Assigned task » Filter the data below, keeping only lines that contain "Комната".

Data supplied »
•••••

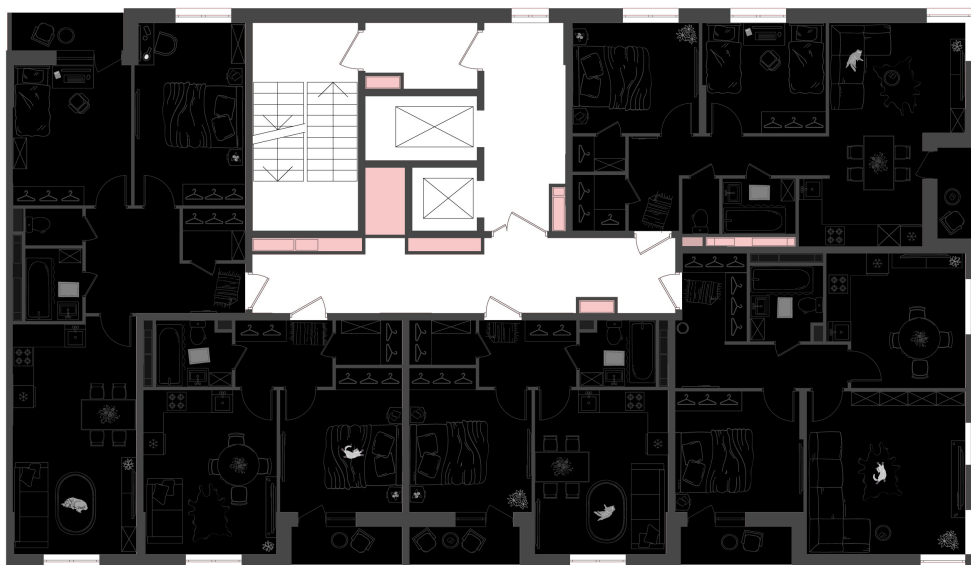

Дом 15 • Этаж 12 • Квартира 201

## 3-к евро 62.3 м<sup>2</sup>

✦ С отделкой

Кухня-гостиная ... 24.38 м<sup>2</sup>

Комната ... 9.81 м<sup>2</sup>

Комната ... 14.51 м<sup>2</sup>

Санузел ... 3.17 м<sup>2</sup>

**8 846 600 ₹**

142 000 ₹ за м<sup>2</sup>
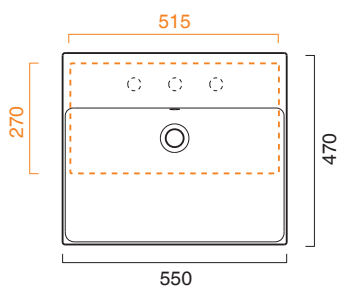

CE EN 14688 - CL20

•••••

Response area »
Комната ... 9.81 м<sup>2</sup>
Комната ... 14.51 м<sup>2</sup>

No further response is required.